Wer reisen will, muß zunächst Liebe zu Land und Leuten …
Kategorie: Zitate zum Thema Reisen
Wer reisen will, muß zunächst Liebe zu Land und Leuten mitbringen.
Autor: Theodor Fontane
Herkunft
Dieser prägnante Satz stammt aus dem Reisebericht "Ein Sommer in London", den Theodor Fontane 1854 veröffentlichte. Das Zitat findet sich im ersten Kapitel des Buches, das den programmatischen Titel "Vor der Reise" trägt. Fontane schrieb diese Zeilen also nicht als isolierten Gedanken, sondern als eine Art grundlegende Reise-Maxime zu Beginn seiner Schilderung eines längeren Aufenthalts in der britischen Metropole. Der Anlass war somit unmittelbar mit seiner eigenen Tätigkeit als Reisender und Berichterstatter verbunden. Er formulierte es als Quintessenz seiner persönlichen Überzeugung, noch bevor er den Leser mit den eigentlichen Schilderungen der Stadt und ihrer Bewohner bekannt machte.
Biografischer Kontext
Theodor Fontane ist weit mehr als nur der Autor der "Wanderungen durch die Mark Brandenburg" oder des Gesellschaftsromans "Effi Briest". Er war ein Grenzgänger zwischen den Welten: Apotheker, Journalist, Kriegsberichterstatter, Theaterkritiker und schließlich spätberufener Romancier. Diese vielfältigen Perspektiven prägten seine einzigartige Weltsicht. Fontane war ein Meister der genauen, oft liebevoll-ironischen Beobachtung. Ihn interessierte weniger das Spektakuläre als das Charakteristische, das Typische im Individuellen. Seine Relevanz heute liegt genau in dieser humanistischen Haltung: einer tiefen Neugier auf Menschen, ihre Geschichten und die Landschaften, die sie formen.
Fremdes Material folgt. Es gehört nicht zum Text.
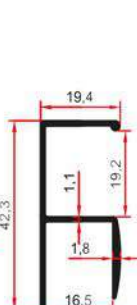

7505
0,410 Kg/m

7505 EKO
0,290 Kg/m

9435
0,335 Kg/m

8781
0,295 Kg/m

2527 EKO
0,290 Kg/m

SM 1013 F
0,335 Kg/m

9475
0,265 Kg/m

3796 A
0,235 Kg/m

E 1910
0,225 Kg/m

SM 1013 A
0,505 Kg/m

SM 1013
0,485 Kg/m

SM 1013 E
0,535 Kg/m

SM 1012 A
0,350 Kg/m

SM 1012
0,410 Kg/m

Boy Kulp Profilleri / Handle Height Profiles

Çekmece Kulp Profilleri / Drawer Height Profiles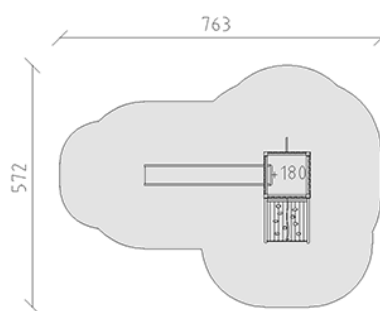

Ensemble de jeux Tomi

Ligne du dispositif Modenic

Article 38310

Ensemble de jeux Tomi avec poteau en aluminium, couleur anthracite, lattes en bois de mélèze Suisse brut, hauteur de plate-forme 180 cm, avec toboggan en polyester gris/anthracite, perche de pompiers inox et rampe à grimper, pour profondeur de montage minimum 60 cm.

CHF 12'035.-

(hors TVA)

	Groupe d'âge	3+
	Dimensions de l'appareil	394 x 252 x 342 cm
	Espace requis	763 x 572 cm
	Surface d'impact	31.3 m ²
	Hauteur de chute	180 cm
	Le plus grand élément	110 x 110 x 395 cm
	Temps de montage	3 h
	Monteurs	2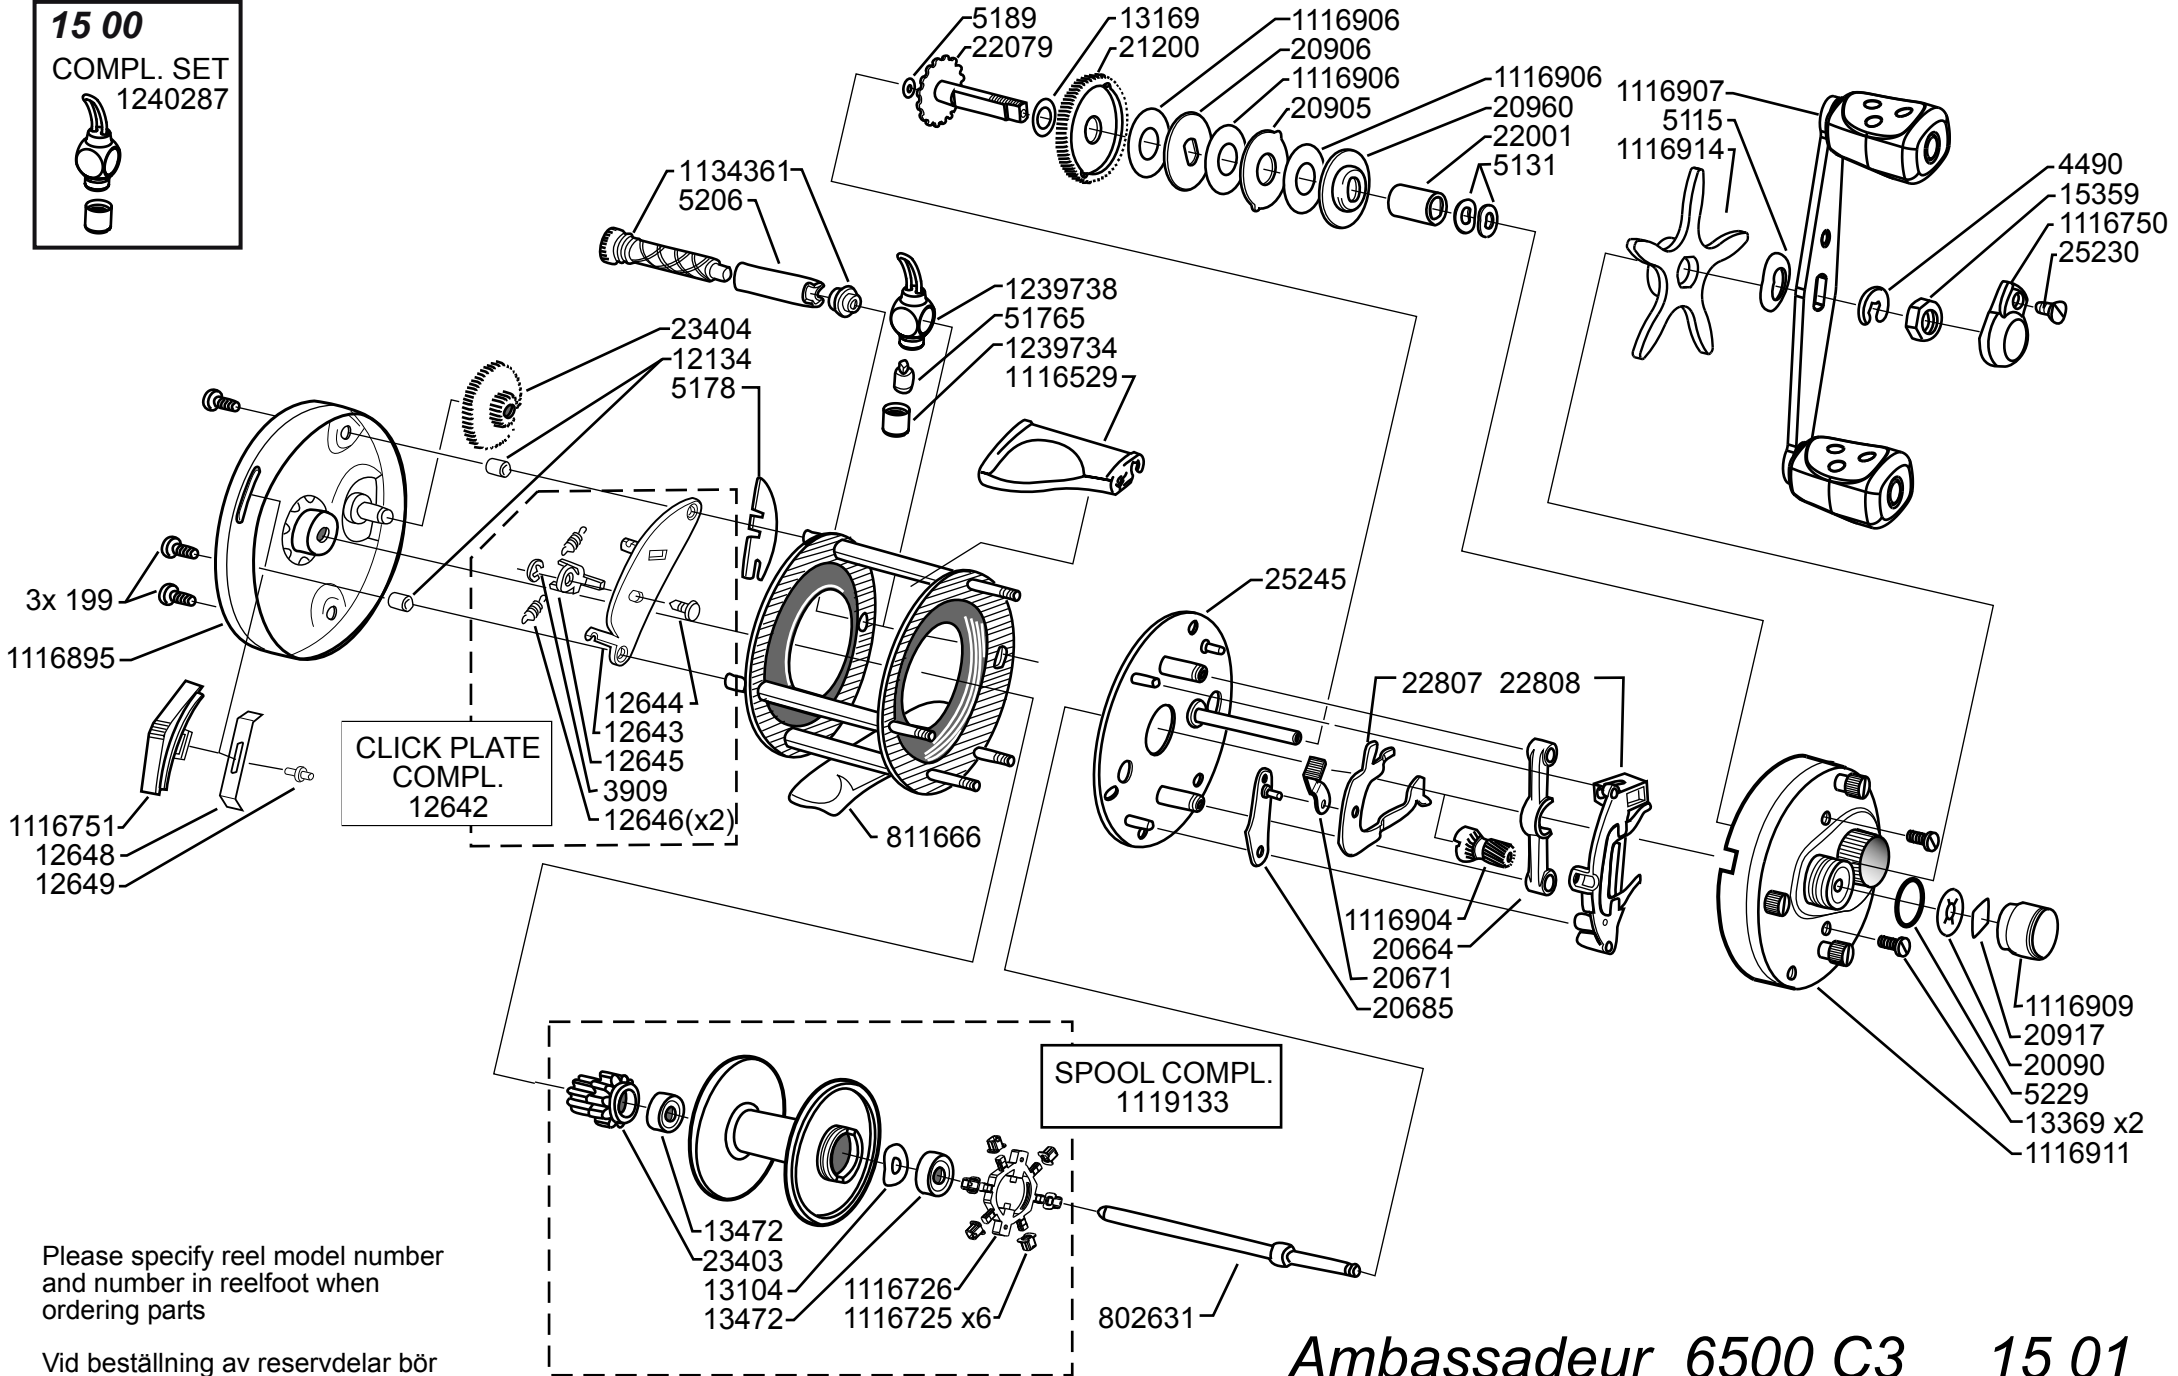

15 00

COMPL. SET
1240287

Please specify reel model number
and number in reelfoot when
ordering parts

Vid beställning av reservdelar bör
alltid rulltyp och nummer-
beteckning under rullfoten anges

Ambassadeur 6500 C3

15 01

1115458 Bright Silver

34-12459-3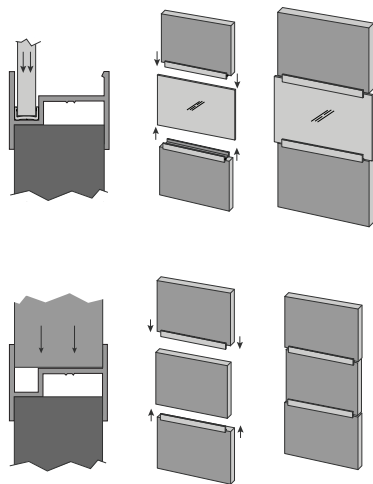

1 Como dimensionar los segmentos. Como dimensionar os segmento. How to size the segments.

H H = AP - 65mm mm

L L = AP - 65mm mm

P P = HP mm

Madera - Madeira - Wood
A = 1 mm

Madera / Madeira / Wood
B = 4 mm

Madera / Madeira / Wood
C = 3 mm

Madera / Madeira / Wood
D = 6 mm

Vidrio / Vidro / Glass
E = 1 mm

Madera / Madeira / Wood
F = 36 mm

Vidrio / Vidro / Glass
G = 28 mm

2

2.1

3.2

6 x 1/2" o 6 x 5/8"

No incluido
Nao incluso
Not included

2.2 Burlete Puertas AL
Baguete Portas AL
Gasket Door AL

Madera / Vidrio / Madera
Madeira / Vidro / Madeira
Wood / Glass / Wood

2.3

Madera / Madera / Madera
Madeira / Madeira / Madeira
Wood / Wood / Wood

4

6 x 1/2" o 6 x 5/8"

No incluido
Nao incluso
Not Included

3

3.1

Burlete Puertas AL
Baguete Portas AL
Gasket Door AL

COMPLEMENTOS / COMPLEMENTOS/ COMPLEMENTS

Felpa 5x7
Felpa 5x7
Weatherstripping 5x7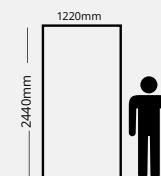

## FICHA TÉCNICA

Dimensiones	Presentación
Tamaño	Piezas
2900x30x30 mm	1

GARANTÍA  
15 años

MEDIDA POR PIEZA

## FICHA TÉCNICA

Dimensiones			Presentación	
Largo	Ancho	Alto	Pza	Peso
2900 mm	100 mm 50 mm*	50 mm	1	2.67 kg/m 1.68kg/m

GARANTÍA  
15 años

MEDIDA POR PIEZA

WPC

## FICHA TÉCNICA

Dimensiones	Presentación	
Tamaño	Piezas	Peso
2900x152x75mm	1	2.81 kg

GARANTÍA  
3 años

## FICHA TÉCNICA

Dimensiones			Presentación	
Tamaño	Espesor	Peso	Pza	m <sup>2</sup> /pieza
1220x2440 mm	5 mm	10.5 kg/pza	1	2.977

GARANTÍA  
15 años

MEDIDA POR PIEZA

**NUEVO**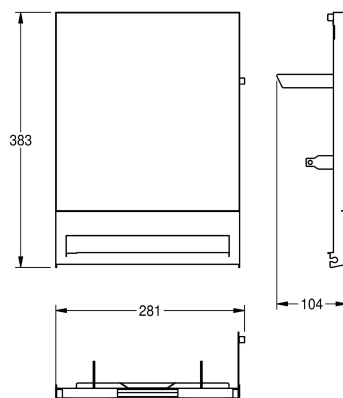

KWC EXOS.

Front mit schwarzem ESG-Glas

Modell-Linie: EXOS | ZEXOS637B
Accessories | Zubehör Accessories

KWC-Nr.

2030022952

Front mit InoxPlus-Oberflächenveredelung

2030022953

Front schwarzes ESG-Glas

2030025239

Front weißes ESG-Glas

Front, Chromnickelstahl, mit schwarzem ESG-Glas, für EXOS
Papierhandtuchspender, inklusive Befestigungsmaterial.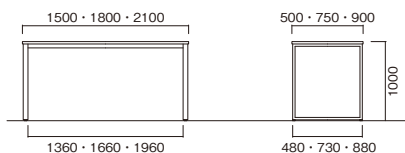

PX-V-B ¥10,800
 W40×D15×H570

スチール面に取付してコードを収納できます。
 ※マグネット式

BX

BX-1890H-TB

BX-1850H-LO

BX-1590H-OW

BX-1890H-WN

W×D×H	品番	税抜価格
1500×500×1000	BX-1550H-□□	¥133,000
1500×750×1000	BX-1575H-□□	¥140,000
1500×900×1000	BX-1590H-□□	¥144,000
1800×500×1000	BX-1850H-□□	¥137,000
1800×750×1000	BX-1875H-□□	¥143,000
1800×900×1000	BX-1890H-□□	¥146,000
2100×750×1000	BX-2175H-□□	¥205,000
2100×900×1000	BX-2190H-□□	¥207,000

Seine Werke lehren uns, dass wahres Verständnis nicht aus der Distanz, sondern nur aus einer respektvollen und engagierten Hinwendung entsteht. Diese Haltung macht seine Prosa bis heute so lebendig und lesenswert.
Bedeutungsanalyse
Fontane stellt mit diesem Zitat eine einfache, aber essentielle Bedingung für eine bereichernde Reise auf. Es geht ihm nicht um technische Vorbereitung oder um das richtige Gepäck, sondern um eine innere Einstellung. Die "Liebe zu Land und Leuten" meint dabei keine unkritische Schwärmerei, sondern eine grundsätzliche Offenheit, ein wohlwollendes Interesse und den aufrichtigen Willen, das Fremde in seiner Eigenart zu verstehen und wertzuschätzen. Ein mögliches Missverständnis wäre, dies als Aufforderung zur blinden Begeisterung zu lesen. In Wahrheit ist es eine Aufforderung zur Empathie. Der Reisende soll sich einlassen, beobachten und sich berühren lassen – nur so wird die Reise mehr als nur eine Ortsveränderung, sie wird zu einer Erfahrung, die den Horizont erweitert.
Relevanz heute
In einer Zeit des Massentourismus und des schnellen "Abarbeitens" von Sehenswürdigkeiten ist Fontanes Maxime aktueller denn je. Sie wirkt wie ein Gegenentwurf zum oberflächlichen "Bucket-List"-Tourismus. Das Zitat wird heute häufig in Reiseblogs, Ratgebern für nachhaltigen Tourismus und in philosophischen Betrachtungen über das Reisen zitiert. Es erinnert daran, dass die Qualität einer Reise nicht an der Anzahl der besuchten Länder, sondern an der Tiefe der gemachten Erfahrungen gemessen wird. In einer globalisierten, aber auch von Vorurteilen geprägten Welt ist Fontanes Appell zur liebevollen Hinwendung eine zeitlose Lektion für interkulturelles Verständnis, die weit über den touristischen Kontext hinausreicht.
Praktische Verwendbarkeit
Dieses Zitat eignet sich hervorragend für alle Kontexte, in denen es um die innere Haltung bei einem neuen Vorhaben geht.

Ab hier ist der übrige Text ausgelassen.